* [WORK REQUEST]
Below are records; give the number of their lines that contain "Magnolie", and only that number.

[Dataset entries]
---*---
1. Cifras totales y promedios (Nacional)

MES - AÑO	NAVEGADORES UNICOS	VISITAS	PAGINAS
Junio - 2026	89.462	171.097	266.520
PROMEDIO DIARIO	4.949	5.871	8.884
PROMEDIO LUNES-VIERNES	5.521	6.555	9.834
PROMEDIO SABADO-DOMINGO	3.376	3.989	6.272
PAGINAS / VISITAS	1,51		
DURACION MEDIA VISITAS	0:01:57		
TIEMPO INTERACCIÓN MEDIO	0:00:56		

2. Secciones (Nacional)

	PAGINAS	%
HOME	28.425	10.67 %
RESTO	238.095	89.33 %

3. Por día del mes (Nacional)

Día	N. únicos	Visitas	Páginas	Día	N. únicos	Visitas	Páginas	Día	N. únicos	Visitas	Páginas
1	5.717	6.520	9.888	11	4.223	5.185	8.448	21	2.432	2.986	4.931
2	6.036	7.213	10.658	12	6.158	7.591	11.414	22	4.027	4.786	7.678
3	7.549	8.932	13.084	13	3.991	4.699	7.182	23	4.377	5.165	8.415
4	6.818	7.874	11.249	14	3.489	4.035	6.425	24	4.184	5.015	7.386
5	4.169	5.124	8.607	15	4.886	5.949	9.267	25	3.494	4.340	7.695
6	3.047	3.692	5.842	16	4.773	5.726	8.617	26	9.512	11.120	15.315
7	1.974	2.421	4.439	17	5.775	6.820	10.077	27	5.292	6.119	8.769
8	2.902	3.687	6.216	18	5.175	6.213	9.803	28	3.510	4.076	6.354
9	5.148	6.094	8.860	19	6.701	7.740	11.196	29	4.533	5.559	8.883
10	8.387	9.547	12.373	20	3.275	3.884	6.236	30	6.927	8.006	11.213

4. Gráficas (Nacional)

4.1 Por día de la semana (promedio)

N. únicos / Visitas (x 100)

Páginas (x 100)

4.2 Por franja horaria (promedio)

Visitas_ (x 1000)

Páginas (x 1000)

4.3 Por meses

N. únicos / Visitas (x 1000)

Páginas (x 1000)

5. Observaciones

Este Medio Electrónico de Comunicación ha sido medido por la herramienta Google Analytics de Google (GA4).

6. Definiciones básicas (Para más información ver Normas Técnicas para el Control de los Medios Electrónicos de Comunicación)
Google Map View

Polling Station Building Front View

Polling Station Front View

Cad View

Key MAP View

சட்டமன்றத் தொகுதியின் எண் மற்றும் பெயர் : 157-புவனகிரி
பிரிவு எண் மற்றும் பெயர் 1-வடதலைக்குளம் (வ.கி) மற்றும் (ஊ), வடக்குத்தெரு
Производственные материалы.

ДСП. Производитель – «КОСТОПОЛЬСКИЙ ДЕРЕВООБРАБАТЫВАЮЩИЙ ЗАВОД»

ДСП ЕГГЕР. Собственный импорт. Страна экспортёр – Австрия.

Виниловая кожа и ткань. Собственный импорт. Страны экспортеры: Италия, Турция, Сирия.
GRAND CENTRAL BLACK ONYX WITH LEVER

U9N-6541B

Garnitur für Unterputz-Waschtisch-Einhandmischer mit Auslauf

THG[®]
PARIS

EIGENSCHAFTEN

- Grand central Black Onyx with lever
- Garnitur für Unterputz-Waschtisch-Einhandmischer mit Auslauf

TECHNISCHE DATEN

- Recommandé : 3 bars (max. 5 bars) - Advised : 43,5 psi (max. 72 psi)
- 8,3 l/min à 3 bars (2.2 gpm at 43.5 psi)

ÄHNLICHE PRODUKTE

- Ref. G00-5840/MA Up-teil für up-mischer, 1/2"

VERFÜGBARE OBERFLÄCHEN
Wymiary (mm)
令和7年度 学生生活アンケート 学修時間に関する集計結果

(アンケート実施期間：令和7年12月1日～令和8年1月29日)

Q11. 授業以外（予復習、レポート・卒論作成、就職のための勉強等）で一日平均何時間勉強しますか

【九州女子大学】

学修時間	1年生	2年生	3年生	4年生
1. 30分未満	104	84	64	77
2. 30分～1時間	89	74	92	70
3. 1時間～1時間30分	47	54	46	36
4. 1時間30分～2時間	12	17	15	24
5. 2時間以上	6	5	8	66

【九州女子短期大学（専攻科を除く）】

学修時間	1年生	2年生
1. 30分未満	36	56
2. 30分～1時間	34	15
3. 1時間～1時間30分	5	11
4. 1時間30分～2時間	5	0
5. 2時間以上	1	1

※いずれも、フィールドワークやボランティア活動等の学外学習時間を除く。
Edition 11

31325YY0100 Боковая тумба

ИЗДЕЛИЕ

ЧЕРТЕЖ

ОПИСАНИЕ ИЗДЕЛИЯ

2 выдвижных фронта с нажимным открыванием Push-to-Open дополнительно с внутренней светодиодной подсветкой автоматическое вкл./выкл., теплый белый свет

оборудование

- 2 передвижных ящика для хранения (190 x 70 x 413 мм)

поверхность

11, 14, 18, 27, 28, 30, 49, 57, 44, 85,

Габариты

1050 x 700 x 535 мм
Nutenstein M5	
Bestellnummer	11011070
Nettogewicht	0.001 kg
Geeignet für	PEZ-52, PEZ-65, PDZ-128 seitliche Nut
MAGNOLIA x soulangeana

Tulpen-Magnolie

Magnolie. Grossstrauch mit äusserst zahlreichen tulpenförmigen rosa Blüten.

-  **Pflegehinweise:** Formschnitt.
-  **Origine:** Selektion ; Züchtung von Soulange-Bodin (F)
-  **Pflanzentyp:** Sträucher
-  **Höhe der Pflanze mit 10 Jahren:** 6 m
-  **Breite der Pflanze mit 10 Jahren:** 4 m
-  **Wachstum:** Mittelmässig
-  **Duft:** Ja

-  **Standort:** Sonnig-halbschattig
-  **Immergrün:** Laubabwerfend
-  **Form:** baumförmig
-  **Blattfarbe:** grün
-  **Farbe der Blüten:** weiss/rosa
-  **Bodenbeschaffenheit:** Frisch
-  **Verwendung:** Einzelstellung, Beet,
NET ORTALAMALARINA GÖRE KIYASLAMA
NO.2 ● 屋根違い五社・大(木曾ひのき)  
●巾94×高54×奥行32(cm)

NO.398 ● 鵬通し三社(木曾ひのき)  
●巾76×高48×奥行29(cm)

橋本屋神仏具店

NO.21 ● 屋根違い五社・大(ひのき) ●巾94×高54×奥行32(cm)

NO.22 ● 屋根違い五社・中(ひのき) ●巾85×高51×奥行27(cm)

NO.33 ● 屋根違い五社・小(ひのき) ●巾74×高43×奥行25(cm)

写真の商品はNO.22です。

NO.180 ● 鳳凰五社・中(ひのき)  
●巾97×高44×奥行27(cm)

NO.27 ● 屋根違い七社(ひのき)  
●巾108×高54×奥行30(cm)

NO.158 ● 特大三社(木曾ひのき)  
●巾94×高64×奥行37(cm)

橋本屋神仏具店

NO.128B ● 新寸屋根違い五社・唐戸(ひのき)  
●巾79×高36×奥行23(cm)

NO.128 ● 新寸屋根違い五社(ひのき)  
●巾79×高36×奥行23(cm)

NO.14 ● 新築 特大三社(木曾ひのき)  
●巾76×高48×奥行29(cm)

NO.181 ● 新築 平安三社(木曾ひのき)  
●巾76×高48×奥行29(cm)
---*---
* [ANSWER SECTION]
2